→ **WORKING DATA**:

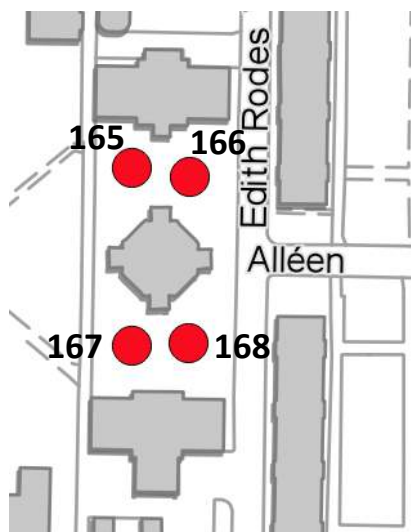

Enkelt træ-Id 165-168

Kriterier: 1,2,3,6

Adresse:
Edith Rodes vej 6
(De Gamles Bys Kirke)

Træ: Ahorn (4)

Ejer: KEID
---
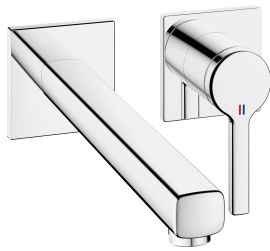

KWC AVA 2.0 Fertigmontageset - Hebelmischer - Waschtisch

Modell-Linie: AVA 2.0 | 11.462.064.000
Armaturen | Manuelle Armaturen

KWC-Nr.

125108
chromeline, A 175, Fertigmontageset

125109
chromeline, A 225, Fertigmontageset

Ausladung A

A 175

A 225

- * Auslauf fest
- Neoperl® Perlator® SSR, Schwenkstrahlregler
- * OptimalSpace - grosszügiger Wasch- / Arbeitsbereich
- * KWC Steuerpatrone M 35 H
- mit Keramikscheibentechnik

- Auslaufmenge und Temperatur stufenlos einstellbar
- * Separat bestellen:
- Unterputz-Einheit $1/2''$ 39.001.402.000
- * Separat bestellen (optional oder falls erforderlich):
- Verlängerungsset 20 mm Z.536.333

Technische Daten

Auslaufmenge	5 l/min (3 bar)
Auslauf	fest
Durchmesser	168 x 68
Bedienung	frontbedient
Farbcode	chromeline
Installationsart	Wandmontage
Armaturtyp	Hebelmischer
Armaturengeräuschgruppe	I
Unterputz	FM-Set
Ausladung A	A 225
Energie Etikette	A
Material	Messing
--
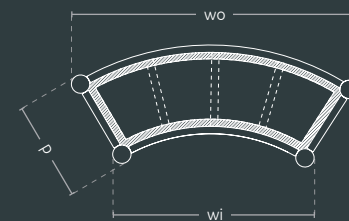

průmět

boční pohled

→ **WORK TASK**: Each line of the data that holds "Separat" should be reported.

→ **WRITTEN ANSWER**:
- * Separat bestellen:
- * Separat bestellen (optional oder falls erforderlich):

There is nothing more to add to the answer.